■ Your goal ■
When a line in the entries contains the word "apart", copy that line in full.

****************************************

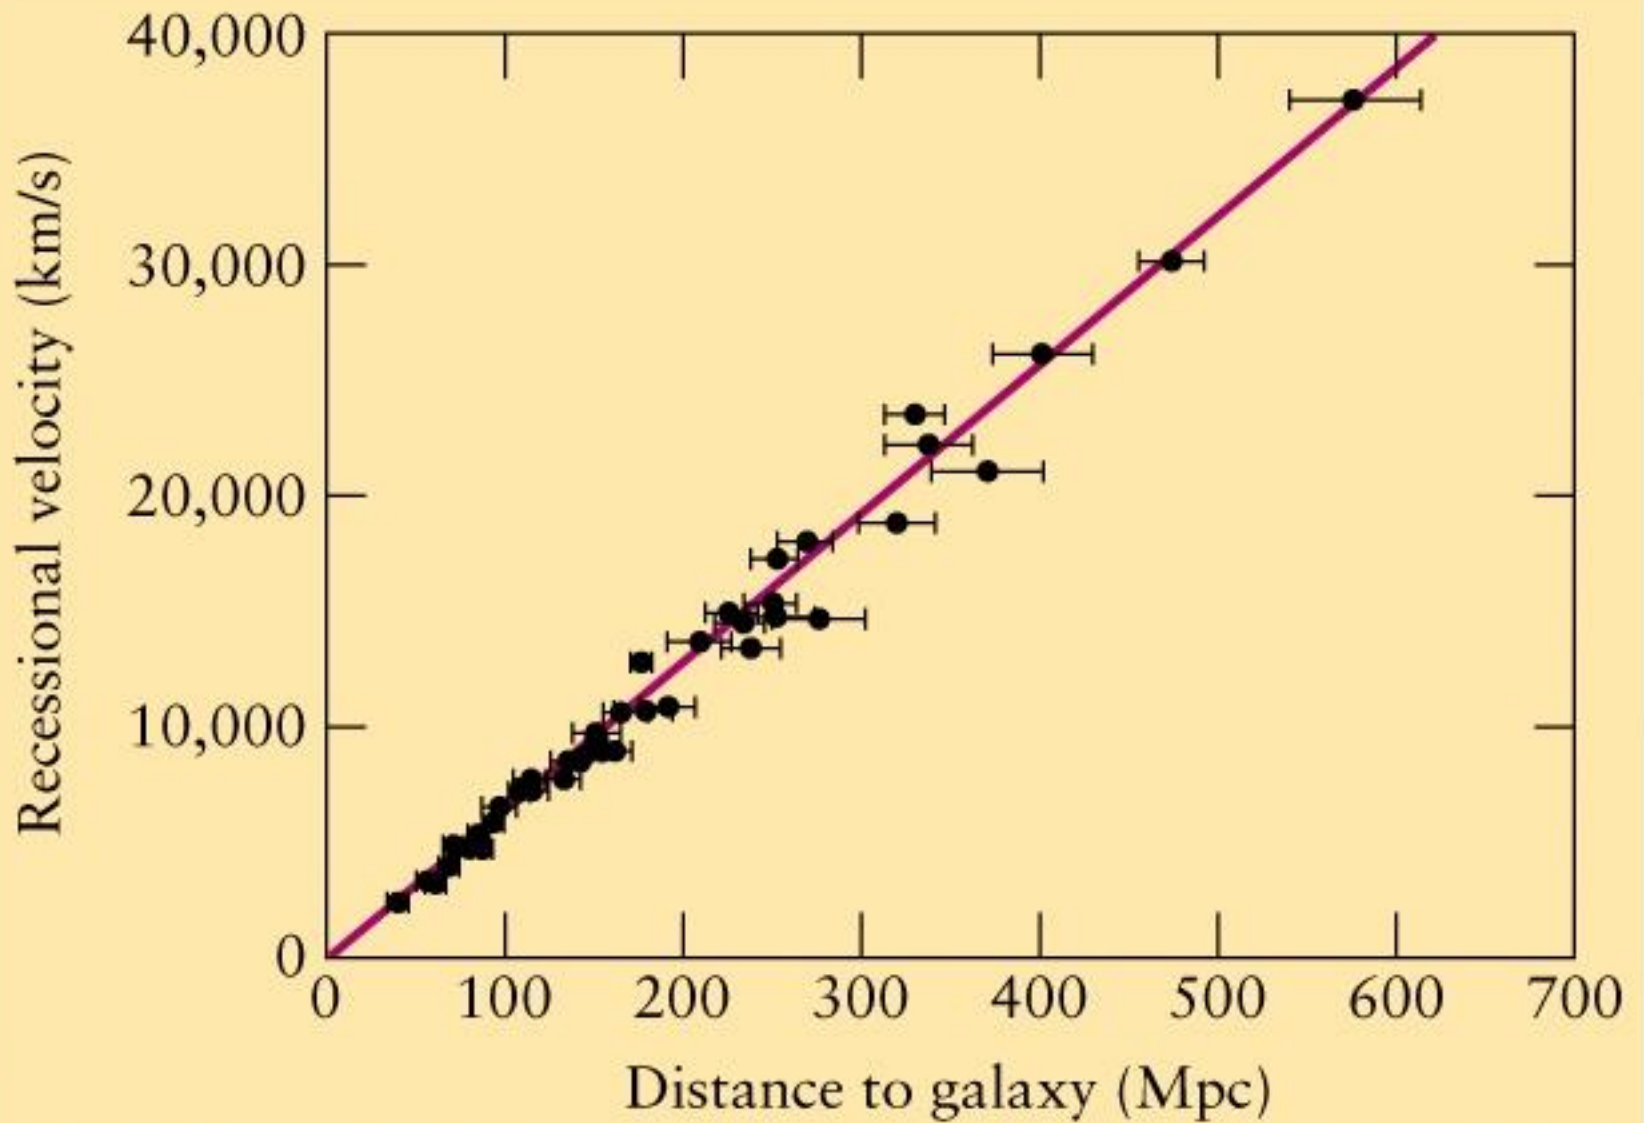

Hubble's tuning fork diagram

GALAXIES in

Virgo

REDSHIFTS

1200 km/s

Ursa Major

15,000 km/s

Corona Borealis

22,000 km/s

Boötes

39,000 km/s

Hydra

61,000 km/s

(a) Five galaxies spaced 100 Mpc apart

(b) The expansion of the universe spreads the galaxies apart
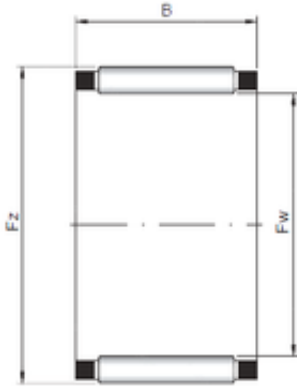

TIF bearing co.,ltd

ISO K72X80X25 needle roller bearings

Bearing No. K72X80X25

| | |
|----------------|-------------|
| Size | 72x80x25 mm |
| Bore Diameter | 72 mm |
| Outer Diameter | 80 mm |
| Width | 25 mm |
| Fw | 72 mm |
| Ew | 80 mm |
| B | 25 mm |

K72X80X25 Bearing 2D drawings and 3D CAD models
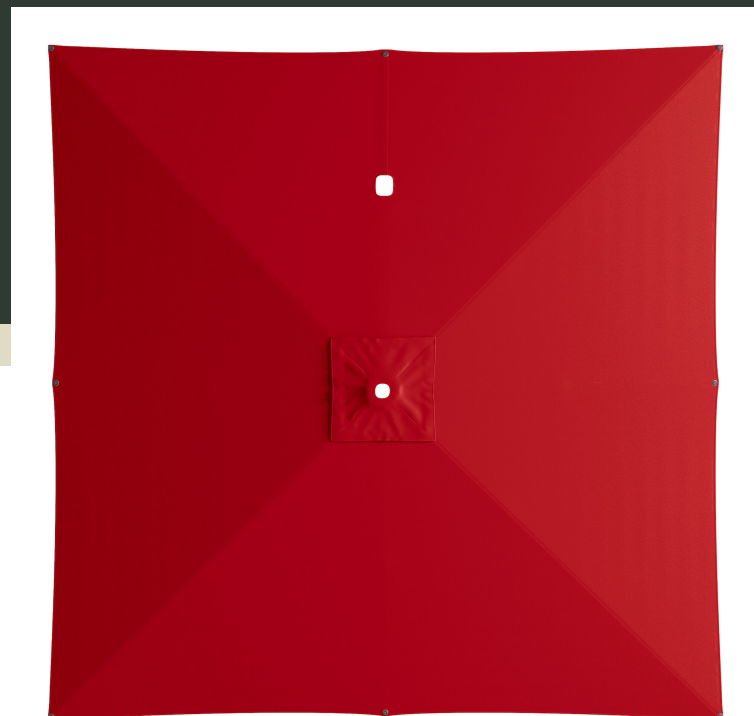

## Features

- Ideal for expanding outdoor seating at restaurants, parties, and events
- Includes a single vent to promote air circulation
- Solution-dyed acrylic fabric is water-resistant
- Fade-resistant canopy boasts UV50+ sun protection
- Compatible with select Lancaster Table & Seating cantilever umbrella frames (sold separately)

## Technical Data

Length	10 Feet
Width	10 Feet
Color	Red
Fabric Weight	230 GSM
Features	Fade Resistant UV50+ Sun Protection Water Resistant
Material	Solution Dyed Acrylic
Shape	Square
Type	Replacement Canopies

## Notes & Details

Replace your worn or damaged umbrella canopy with this Lancaster Table & Seating 10' square red umbrella canopy! This canopy's 10' span is perfect for shading a table from the sun, while a single vent in this breathable canopy allows air flow to increase stability. It's made of water-resistant 230 GSM, solution-dyed acrylic fabric. The high-luminosity fabric is fade-resistant and has UV50+ sun protection to last for 4-5 years. Expand your outdoor seating with ease and ensure your guests are comfortable and protected thanks to its reliable design.

This canopy repels dirt and is easy to clean, while its red color is sure to add a vibrant look to any space, making it perfect for parties, picnics, or other catering events. It's compatible with select cantilever umbrella frames (sold separately), and comes with a Velcro® tie to keep the umbrella closed for easy storage. Reach for this Lancaster Table & Seating canopy to enhance your outdoor space and keep guests happy and comfortable.
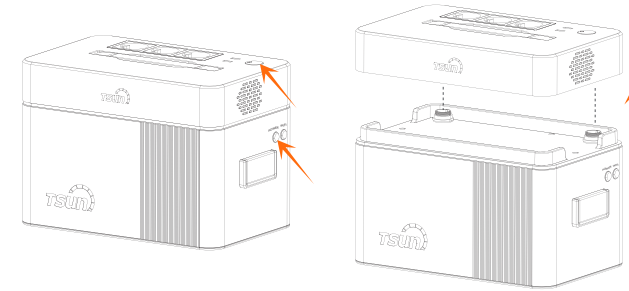

Note: The USB port on P1000 might not be compatible with the USB charging cable of some iPhone models. In this case, please kindly use the iPhone adaptor and plug it into the socket of P1000.

6

****************************************

■ Solution ■
(a) Five galaxies spaced 100 Mpc apart
(b) The expansion of the universe spreads the galaxies apart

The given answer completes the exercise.